| The task |
Below are lines of data; restate word for word those running from the line containing "PASTILLE ADHÉSIVE NOIRE" to the line containing "POLYCHLORURE DE VINYLE", inclusive, and no others.
Top of Dataset entries
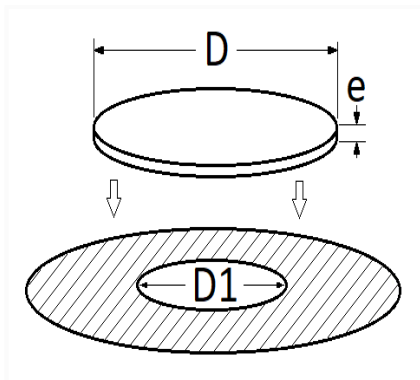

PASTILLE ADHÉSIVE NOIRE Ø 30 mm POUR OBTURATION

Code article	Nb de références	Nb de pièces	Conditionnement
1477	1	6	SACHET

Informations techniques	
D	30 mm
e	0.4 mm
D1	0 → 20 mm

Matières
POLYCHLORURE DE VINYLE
Bottom of Dataset entries
Top of Dataset entries
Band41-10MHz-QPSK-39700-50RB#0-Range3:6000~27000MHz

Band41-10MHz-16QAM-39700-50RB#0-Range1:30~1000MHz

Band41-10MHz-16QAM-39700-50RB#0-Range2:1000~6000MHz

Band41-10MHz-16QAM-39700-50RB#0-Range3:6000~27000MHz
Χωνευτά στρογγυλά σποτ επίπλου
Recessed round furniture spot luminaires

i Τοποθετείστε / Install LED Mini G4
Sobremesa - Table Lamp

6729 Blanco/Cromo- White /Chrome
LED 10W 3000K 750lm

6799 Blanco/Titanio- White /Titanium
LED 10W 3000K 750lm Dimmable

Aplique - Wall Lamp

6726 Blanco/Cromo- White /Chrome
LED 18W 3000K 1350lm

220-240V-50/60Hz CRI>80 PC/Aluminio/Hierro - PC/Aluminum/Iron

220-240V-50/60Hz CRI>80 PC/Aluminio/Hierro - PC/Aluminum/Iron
Bottom of Dataset entries
| Response to this task |
PASTILLE ADHÉSIVE NOIRE Ø 30 mm POUR OBTURATION

Code article	Nb de références	Nb de pièces	Conditionnement
1477	1	6	SACHET

Informations techniques	
D	30 mm
e	0.4 mm
D1	0 → 20 mm

Matières
POLYCHLORURE DE VINYLE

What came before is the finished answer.